TASK DETAILS: Exactly as they appear below, repeat the lines from the one with "USE WITH. Box 160, Motor Spacer (Zipscreen)" through the one with "Toggle Latch: GH-47.3420601". Drop every picture.

LISTED ENTRIES:
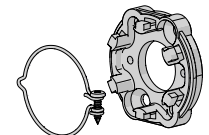

USE WITH. Box 160 Wire Guide, Extreme Square Motor Br. Plate

UNIVERSAL ZAMAK ADAPTOR W/ LOCK RING | THREADED

CODE.	RB56-0766-014050
PACK.	1 50 Set

COLOUR. Silver Grey 014

USE WITH. Box 160, Motor Spacer (Zipscreen)
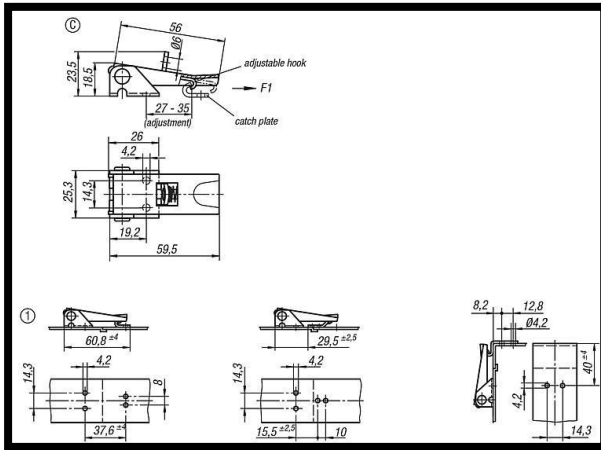

Light Duty Over Centre Adjustable
Toggle Latch
Part No. GH-47.3420601

Product Description

Adjustable Screw Latch In Steel Padlock Ring
Length 59mm

Key Features

Overall Length: 59mm
Load Capacity: 100daN

Other Features

Weight: 0.051Kg

Material

Toggle Latch: Steel

What's In The Bag?

Toggle Latch: GH-47.3420601
Latch Plate:

goodhanduk.co.uk

01908 221 151
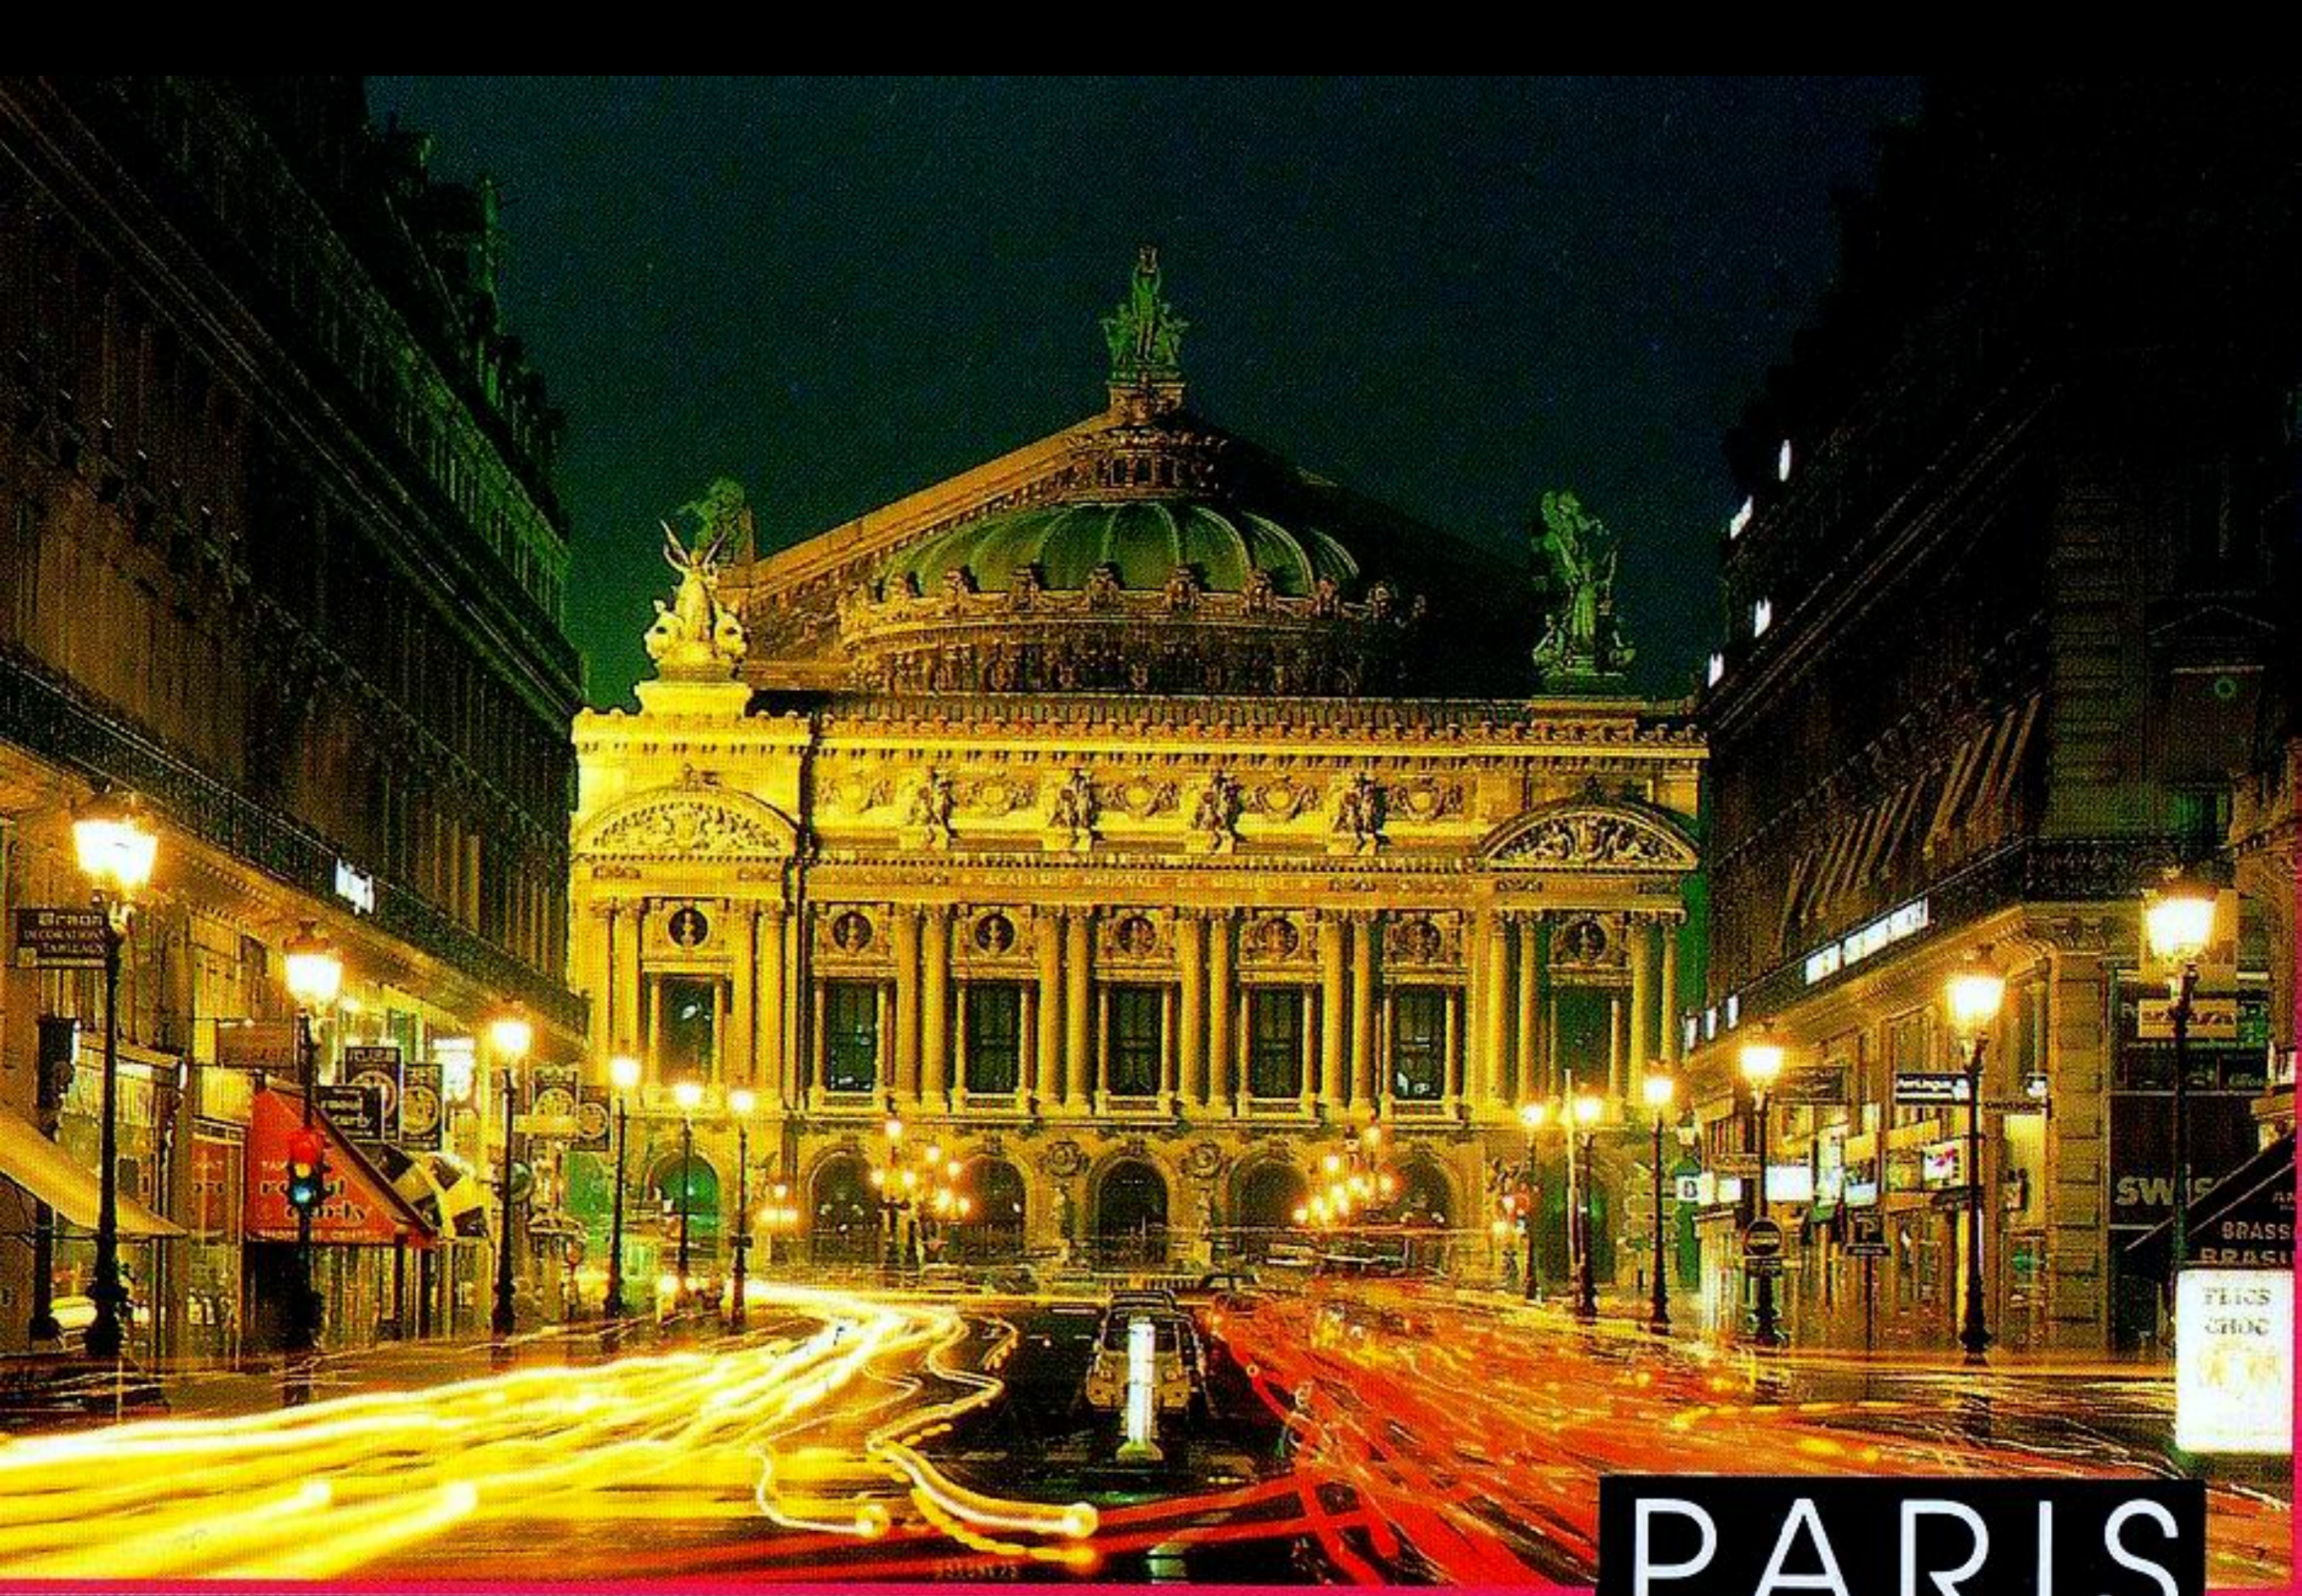

**Paris, FRANCE**

Just days after once-in-a-century storms, a once-in-a-millennium display transformed the Eiffel Tower into a geyser of lights. Parts of France had to greet the new millennium as they did the last one—without electricity.

THIERRY ORBAN—CORBIS SYGMA FOR TIME

PARIS - CONCLÉGERIE

**PALAIS DU**

**LOUVRE**

PARIS - PALAIS du CHATELAIN

PARIS

AUBERGE DE JEUNESSE DE PARIS "JULES FERRY"

MONACO
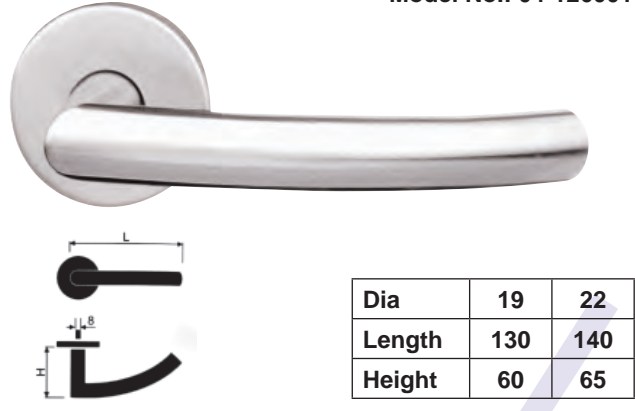

Model No.: 04-122001

04 - trend Architectural Lever Handles

Model No.: 04-123001

Model No.: 04-124001

Model No.: 04-125001

Model No.: 04-126001

Model No.: 04-127001

Model No.: 04-128001

Model No.: 04-129001

Model No.: 04-130001

04 - trend Architectural Lever Handles

Model No.: 04-131001

Model No.: 04-132001

Dia	19	22
Length	130	140
Height	60	65

Model No.: 04-133002

Model No.: 04-134001
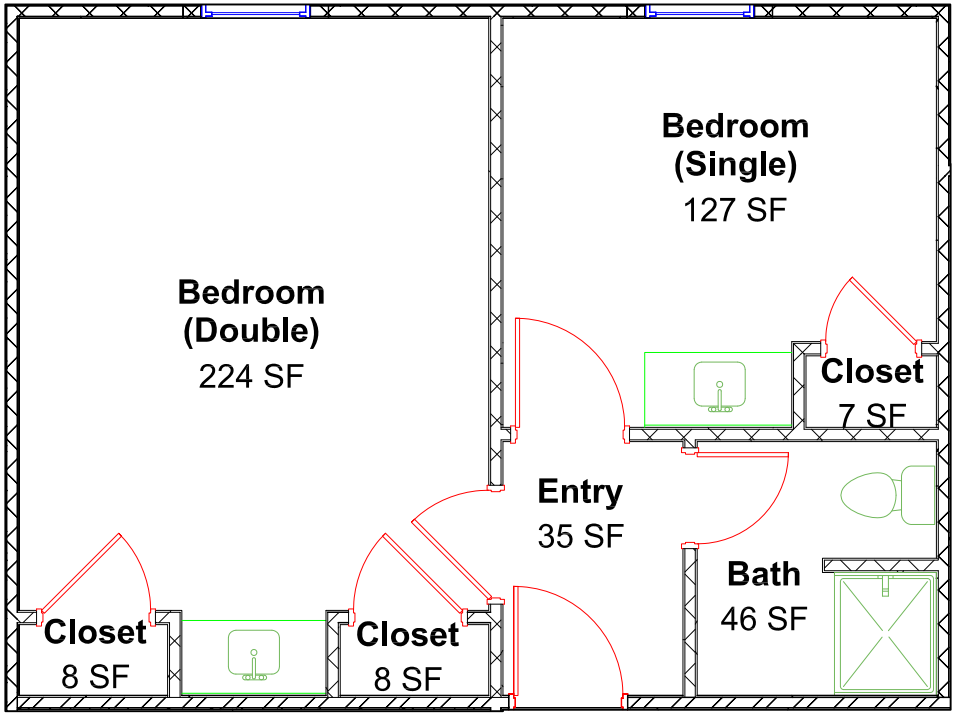

Honors Building 1-3

Honors Building 4., Single Bed, Double Suite

Honors Building 4, Double Bed, Double Suite

Honors 4, ADA, Double Suite

Honors 4 End Double Suite Layout

Honors Double Bed/double suite

Honors Single Bed, Double Suite

ADA Double Suite

End Double Suite

**Bedroom
(Double)**
192 SF

Closet
7 SF

Closet
7 SF

Bath
63 SF

**Bedroom
(Double)**
192 SF

Closet
8 SF

Closet
7 SF

SOLUTION:
USE WITH. Box 160, Motor Spacer (Zipscreen)

Light Duty Over Centre Adjustable
Toggle Latch
Part No. GH-47.3420601

Product Description

Adjustable Screw Latch In Steel Padlock Ring
Length 59mm

Key Features

Overall Length: 59mm
Load Capacity: 100daN

Other Features

Weight: 0.051Kg

Material

Toggle Latch: Steel

What's In The Bag?

Toggle Latch: GH-47.3420601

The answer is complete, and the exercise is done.